The Hawthorne Legacy (The Inheritance Games #2)(80)
My heart skipped a beat, then made up for it. “Answer it,” I told Grayson, pulling my hand back from his.
Grayson did as I’d asked. “We’re on our way back to the plane,” he told Jameson.
He’ll want to know what I found. I knew that, knew Jameson. I held up the small metal disk that Jackson Currie had given me. “This is what Toby left with Jackson.” Grayson stared at it, then switched Jameson over to a video chat, so he could see it, too.
“What do you think this is?” I asked. The disk was gold and maybe an inch in diameter. It looked like some kind of a coin, but not any I’d seen before, its surface engraved with nine concentric circles on one side and smooth on the other.
“It doesn’t look like it’s worth much,” Jameson commented. “But in this family, that means nothing.” The sound of his voice did something to me—something it shouldn’t have done. Something it wouldn’t have done before I’d read my mother’s postcards.
Close your eyes, I could hear Max telling me. Who’s there?
“We’re incoming,” Oren announced curtly—to whom, I wasn’t sure. “Sweep the plane.”
When we arrived at the airstrip, he opened my door, and I got three escorts to the plane. Behind me, Grayson had switched the phone off video, but he was still on the line with Jameson.
My mind was full with images of them both—and with the words my mother had written to Toby.
The night air was cold and getting colder. As I walked toward the jet, a brutal wind picked up, then gave way to sudden and utter stillness. I heard a single, high-pitched beep, and the world exploded. Into fire. Into nothing.
CHAPTER 76
Everything hurt. I couldn’t hear. I couldn’t see. When blurred images finally began to form, all I saw was fire. Fire and Grayson, standing a hundred feet away from me.
I waited for him to come running.
I waited.
I waited.
He didn’t.
And then, there was nothing.
The world around me was dark, and then there was a voice. “Let’s play a game.”
I couldn’t tell if I was standing up or lying down. I couldn’t feel my body.
“I have a secret.”
If I had eyes, I opened them. Or maybe they were already open? Either way, I did something, and the world was flooded with light.
“I’m tired of playing,” I told my mom.
“I know, baby.”
“I’m so tired,” I said.
“I know. But I have a secret, Avery, and you have to play—just one more time, just for me. Okay, baby? You can’t let go.”
I heard a long and distant beep. Lightning tore through my body. “Clear!” a voice yelled.
“Come on, Avery,” my mom whispered. “I have a secret.…”
Another round of lightning tore through me. “Clear!”
I wanted to stop breathing. I wanted to go where the lightning and the fire and the pain couldn’t touch me.
“You have to fight,” my mom said. “You have to hang on.”
“You’re not real,” I whispered. “You’re dead. So either this is a dream, and you’re not even here, or I’m…”
Dead, too.
CHAPTER 77
I dreamed that I was running through the halls of Hawthorne House. I hit a staircase, and at the bottom, I saw a dead girl. At first, I thought it was Emily Laughlin, but then I got closer—and I realized it was me.
I was standing at the edge of the ocean. Every time a wave crested and came toward me, I thought that it would swallow me whole. I was ready for it to swallow me whole.
But each time, as the darkness beckoned, I heard a voice: Jameson Winchester Hawthorne.
“You son of a bitch.” The words cut through the darkness in a way that nothing else had since I’d been here.

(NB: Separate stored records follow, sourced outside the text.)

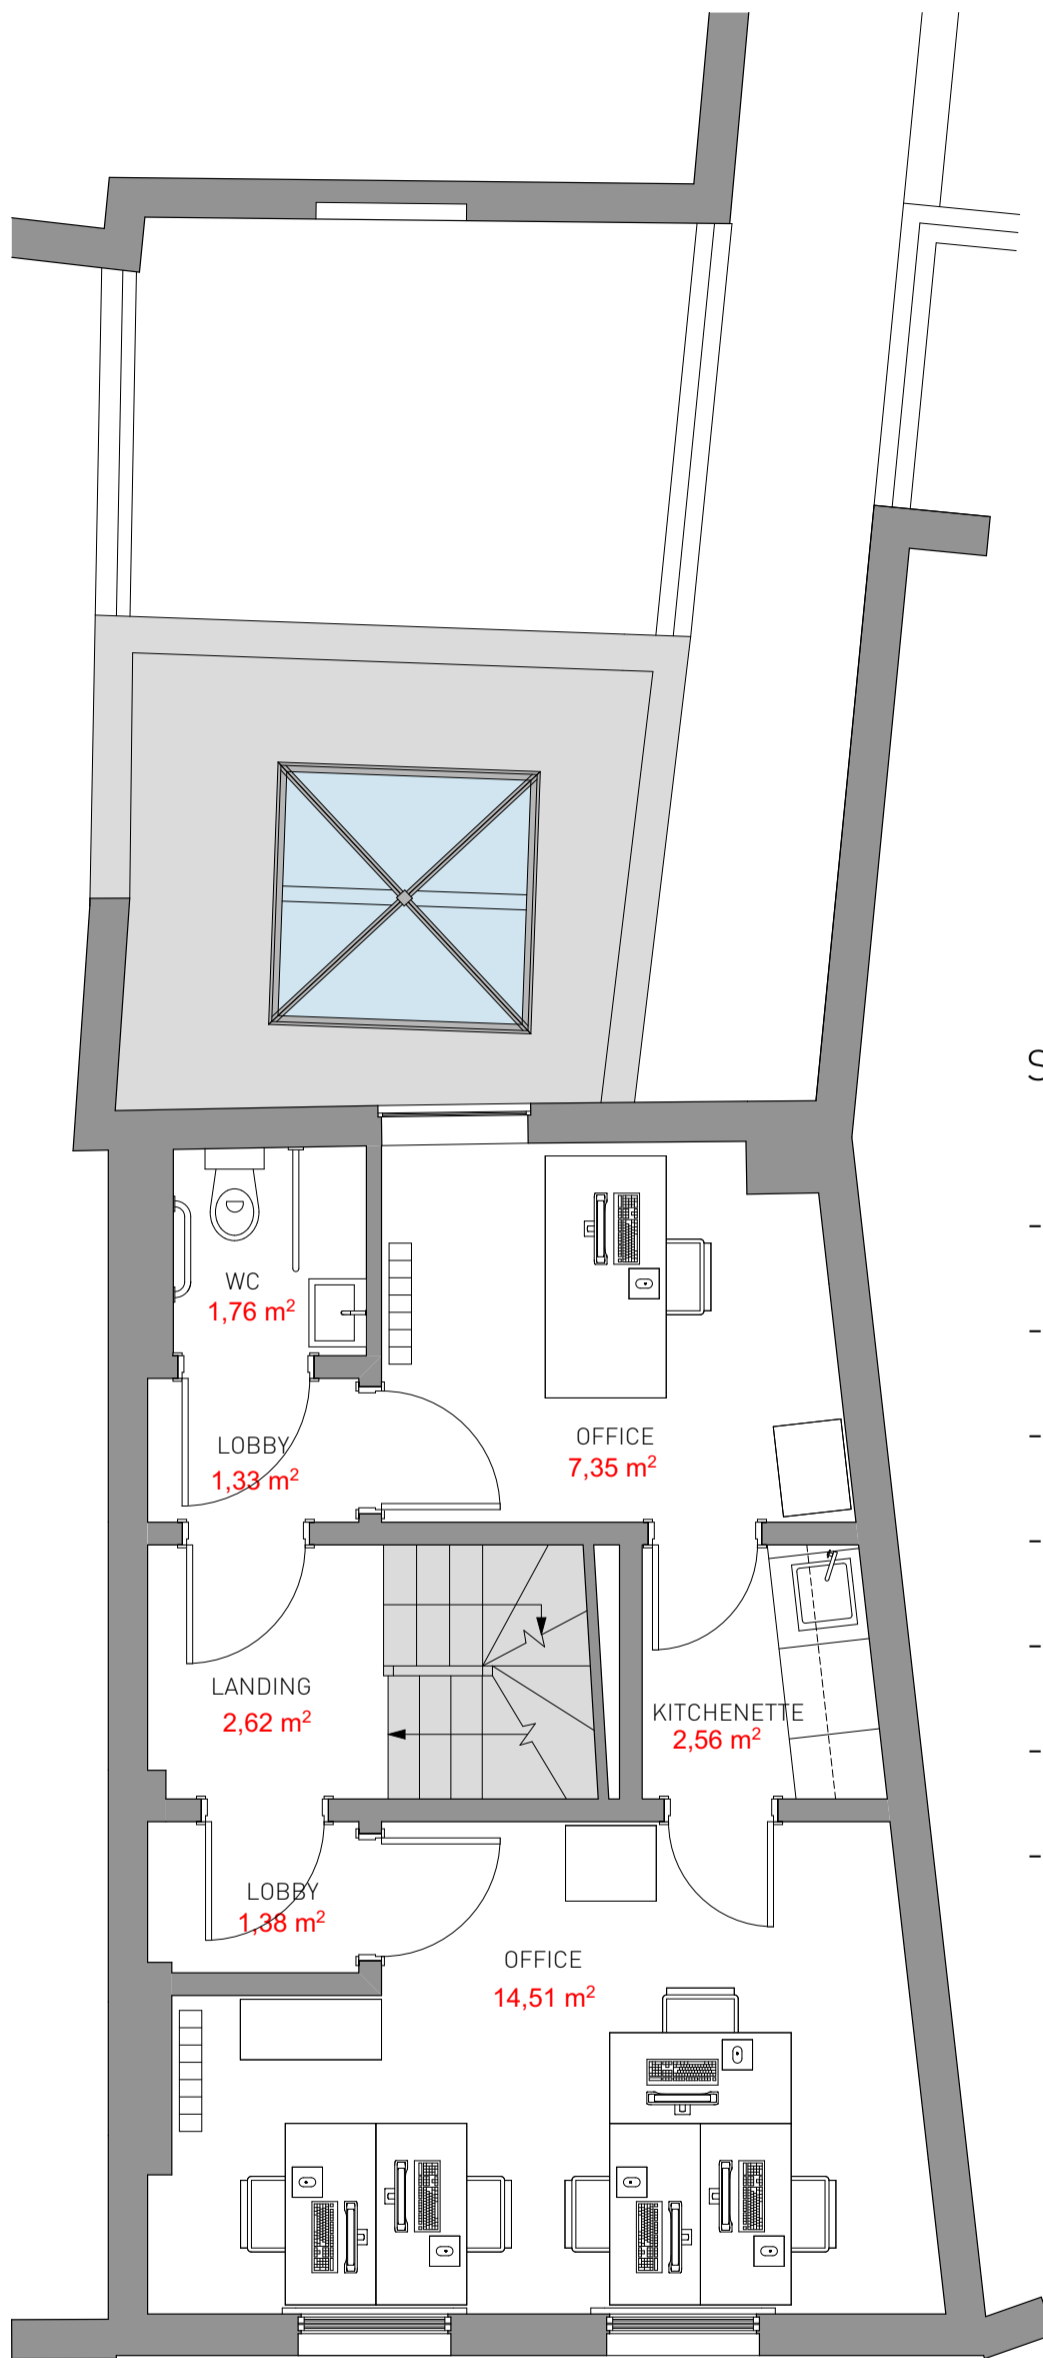

110 SHOREDITCH HIGH STREET  
02. OFFICES

AREA

AAA INTERIORS ARCHITECTS

TERRACE  
9,57 m<sup>2</sup>

MEETING ROOM  
7,05 m<sup>2</sup>

LANDING  
13,47 m<sup>2</sup>

KITCHENETTE  
2,38 m<sup>2</sup>

LOBBY  
1,16 m<sup>2</sup>

OFFICE  
15,60 m<sup>2</sup>

110 SHOREDITCH HIGH STREET

FIRST FLOOR AREA 43.42 m<sup>2</sup>

- MEETING ROOM = 7.05 m<sup>2</sup>
- LANDING = 13.47 m<sup>2</sup>
- KITCHENETTE = 2.38 m<sup>2</sup>
- LOBBY = 1.16 m<sup>2</sup>
- OFFICE = 15.60 m<sup>2</sup>
- TERRACE = 9.57 m<sup>2</sup>

JOB TITLE:  
110 SHOREDITCH HIGH STREET

DRAWING TITLE:  
FIRST FLOOR  
SCALE:  
1:50@A3

01 FIRST FLOOR  
Scale 1:50

AAA INTERIORS  
Via Fabio Massimo, 60  
00192 - Roma  
info@aaainteriors.com  
www.aaainteriors.com

SECOND FLOOR AREA = 34.15 m<sup>2</sup>

- OFFICE 01 = 7.35 m<sup>2</sup>
- LOBBY = 1.33 m<sup>2</sup>
- WC = 1.76 m<sup>2</sup>
- KITCHENETTE = 2.56 m<sup>2</sup>
- LANDING = 2.62 m<sup>2</sup>
- LOBBY = 1.38 m<sup>2</sup>
- OFFICE = 14.51 m<sup>2</sup>

The voice was Jameson’s again, but louder this time, sharper, like the edge of a knife. “She was dying, and you just stood there! And don’t tell me it was shock.”

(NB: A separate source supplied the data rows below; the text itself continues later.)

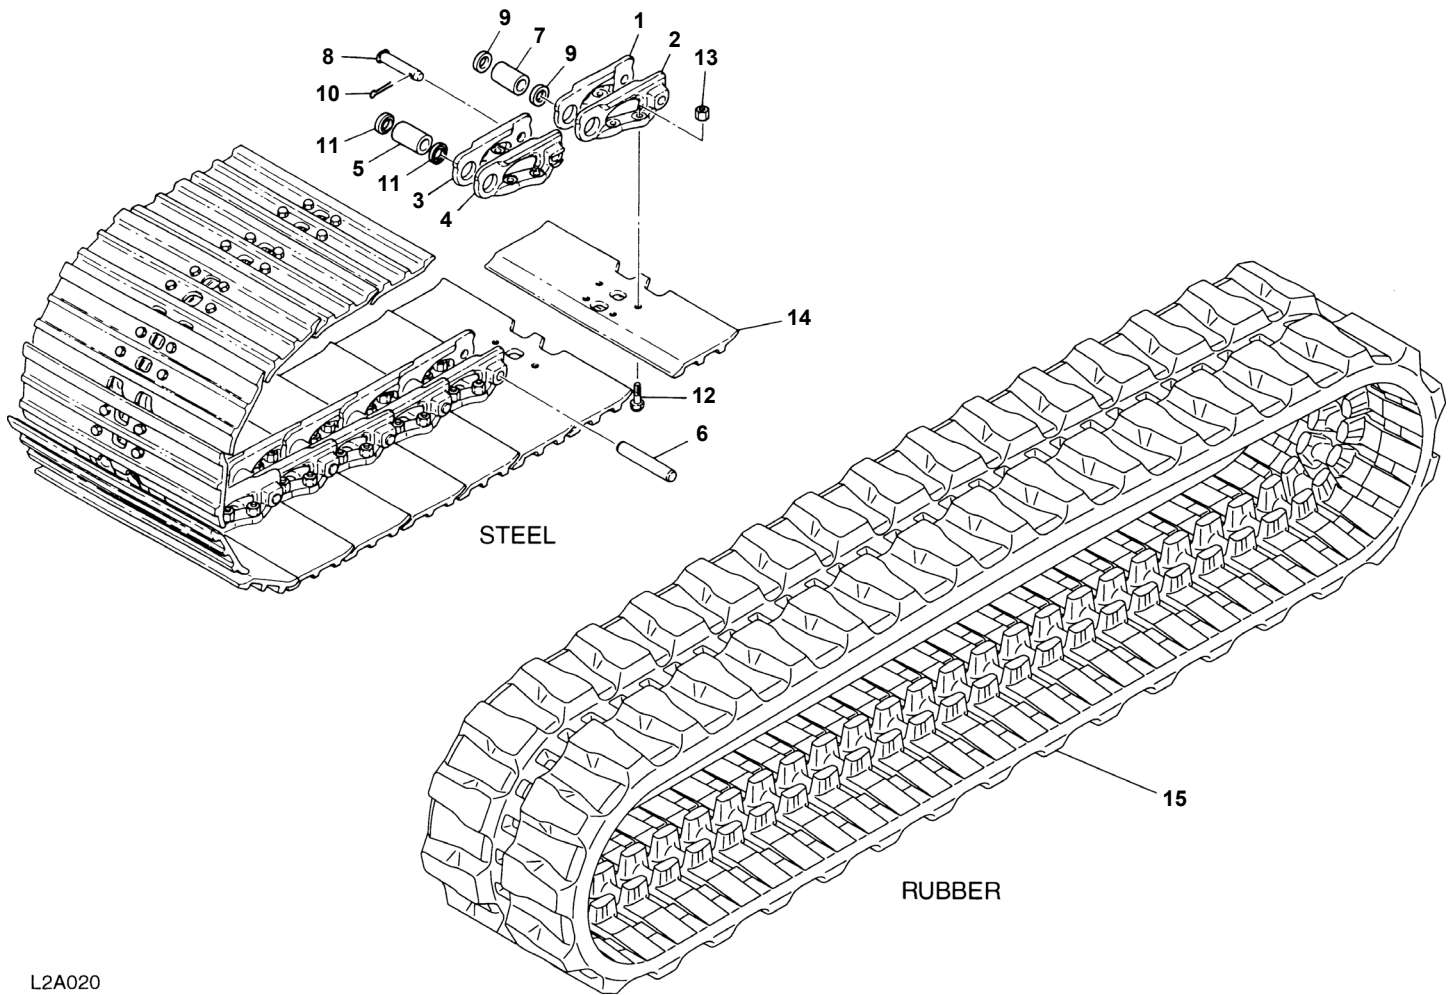

TB070

Book No. PL1-101Z5

Serial No. 1703004-1705487

TAKEUCHI

L1-01a-2-D

LOWER FRAME

Item	Part number	Description	Q'ty	Chan.	Serial No.	Serv.	Remarks
		FRAME ASSY, lower (450W)			1703932~		~05610-21000-0
		FRAME ASSY, lower (550W)			1703932~		~05610-22000-0
1	X *****_*****	FRAME	1				
2	05610-19300	COVER	2				
3	05610-17400	COVER	2				
4	05610-19400	COVER	2				
5	05610-19500	STEP	2				550mm shoe
6	15017-10010	PLUG	1				
7	11000-41020	BOLT	8				450mm shoe
8	11000-41025	BOLT	8				550mm shoe
9	11000-40816	BOLT	8				
10	11400-20010	WASHER, spring	8				450mm shoe
	11400-20010	WASHER, spring	16				550mm shoe
11	11400-20008	WASHER, spring	8				
12	11300-40010	NUT	8				550mm shoe
13	11411-10010	WASHER	8				
14	05610-21010	COVER	1		1703932~		
15	11000-41225	BOLT	4		1703932~		
16	11400-20012	WASHER, spring	4		1703932~		
17	11411-10012	WASHER	4		1703932~		
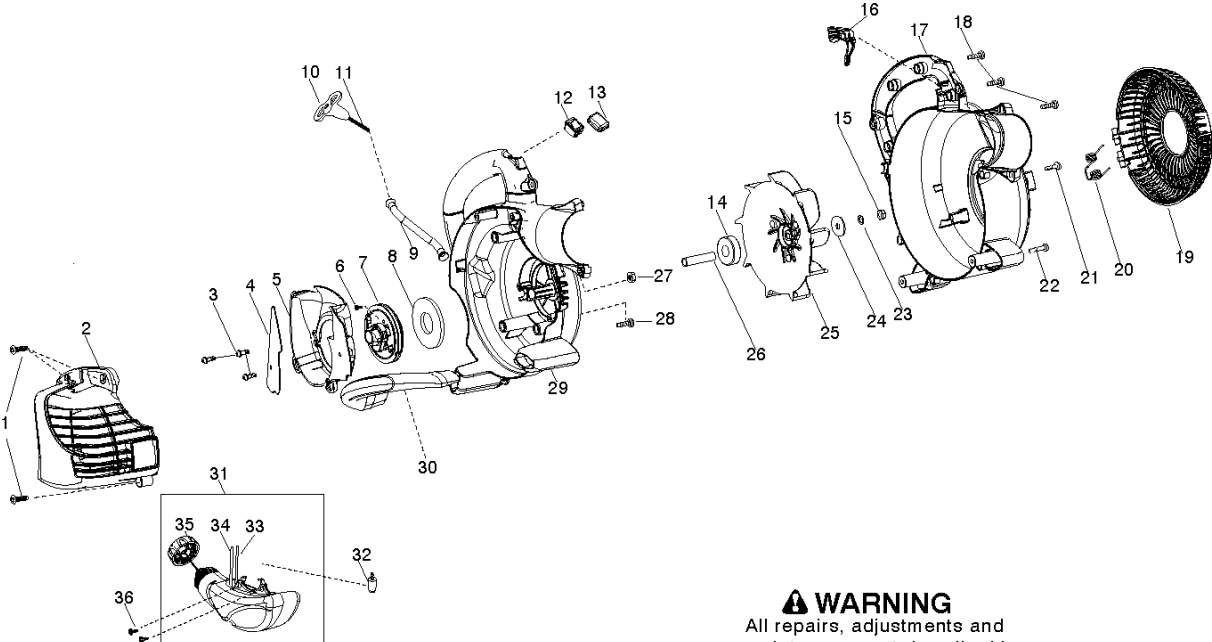

SPARE PARTS LIST

BLOWERS

BVM200, 967281501, 2015-09

⚠ WARNING
All repairs, adjustments and maintenance not described in the Operator's Manual must be performed by Qualified Service Personnel.

ATTACHMENTS

BVM200, 967281501, 2015-09

Ref	Part No	Description	Remark	QTY KIT
1	545 10 05-01	TUBE BLOWER UPPER W BLACK		1
2	545 10 06-01	TUBE BLOWER LOW RND BLACK		1
3	545 15 12-01	NOZZLE BLK HI SPEED ADAPTOR		1

⚠ WARNING

All repairs, adjustments and maintenance not described in the Operator's Manual must be performed by Qualified Service Personnel.

ENGINE

BVM200, 967281501, 2015-09

Ref	Part No	Description	Remark	QTY	KIT
1	525 59 28-01	MUFFLER		1	2,3,4
2	530 05 89-82	BOLT		1	
3	545 08 18-32	GASKET KIT		1	39
4	545 09 88-01	HEAT SHIELD		1	
5	586 22 47-01	CYLINDER		1	
6	530 01 59-53	SCREW		1	
7	952 03 02-49	SPARK PLUG		1	
8	545 08 49-01	ADAPTER CARBURETOR		1	
9	530 01 64-41	SCREW		1	
10	545 11 55-01	LINKAGE THROTTLE W		1	
11	585 71 36-01	KIT		1	12,17
12	545 15 71-05	CHOKE LEVER		1	
13	545 13 93-02	BOX		1	
14	530 01 64-28	SCREW		1	
15	545 14 65-01	FOAM AIR FILTER		1	
16	545 13 92-01	AIRBOX COVER BLK		1	
17	530 03 54-97	PURGE BULB-188-16		1	
18	545 08 18-32	GASKET KIT		1	39
19	545 08 18-32	GASKET KIT		1	39
20	588 27 29-01	PISTON		1	
21	588 27 30-01	PISTON RING		1	
22	530 01 51-62	CIRCLIP		1	
23	545 08 18-65	CONNECTING ROD ASSY		1	
24	530 03 92-29	IGNITION MODULE		1	
25	530 01 63-57	SCREW		1	
26	545 12 76-01	HARNESS		1	
27	545 08 18-32	GASKET KIT		1	39
28	530 01 58-28	WASHER		1	
29	530 05 41-15	FLYWHEEL		1	
30	530 01 59-41	CLIP		1	
31	530 05 57-28	BEARING		1	
32	530 01 92-64	SEAL		1	
33	530 03 21-25	BEARING		1	
34	530 01 25-82	CRANKCASE		1	31,32,33
35	579 01 27-01	KIT		1	30,34
36	545 08 18-32	GASKET KIT		1	37,39
37	530 05 79-54	PLUG		1	36
38	530 01 63-86	SCREW		1	
39	545 08 18-32	GASKET KIT		1	3,18,19, 27,36

I tried to open my eyes. I tried—but I couldn’t.
“You would know, Jamie, about standing there and watching someone die.”
“Emily. It always comes back to Emily with you.”

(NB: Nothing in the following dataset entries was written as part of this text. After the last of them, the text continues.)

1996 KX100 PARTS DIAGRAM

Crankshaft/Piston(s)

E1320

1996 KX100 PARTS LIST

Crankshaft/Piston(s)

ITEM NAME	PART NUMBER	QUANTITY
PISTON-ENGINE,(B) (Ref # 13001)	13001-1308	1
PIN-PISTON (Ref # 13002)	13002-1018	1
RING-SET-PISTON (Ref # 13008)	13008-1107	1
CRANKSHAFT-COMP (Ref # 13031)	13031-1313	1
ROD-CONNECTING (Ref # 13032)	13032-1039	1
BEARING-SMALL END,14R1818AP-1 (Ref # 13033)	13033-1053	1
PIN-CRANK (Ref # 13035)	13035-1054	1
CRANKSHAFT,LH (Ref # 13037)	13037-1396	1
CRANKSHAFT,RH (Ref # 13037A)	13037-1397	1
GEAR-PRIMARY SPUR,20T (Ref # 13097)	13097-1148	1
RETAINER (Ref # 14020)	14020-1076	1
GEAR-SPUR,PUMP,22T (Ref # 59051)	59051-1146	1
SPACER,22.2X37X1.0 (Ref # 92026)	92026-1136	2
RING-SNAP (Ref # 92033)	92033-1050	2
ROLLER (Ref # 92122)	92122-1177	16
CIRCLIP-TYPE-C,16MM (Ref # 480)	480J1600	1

I wanted to tell them that I could hear them, but I couldn’t move my mouth. Everything was dark. Everything hurt.
“You know what I think, Gray? I think the whole martyr act was a lie you told yourself. I don’t think you stepped back from Avery for my sake. I think you needed an excuse to draw a line so you could stay safe on the other side.”
“You don’t know what you’re talking about.”
“You can’t let go. You couldn’t when Emily was alive, no matter what she did, and you can’t now.”
“Are you done?” Grayson was yelling now.
“Avery was dying, and you couldn’t run toward her.”
“What do you want from me, Jamie?”
“You think I didn’t fight the same fight? I halfway convinced myself that as long as Avery was just a riddle or a puzzle, as long as I was just playing, I’d be fine. Well, joke’s on me, because somewhere along the way, I stopped playing.”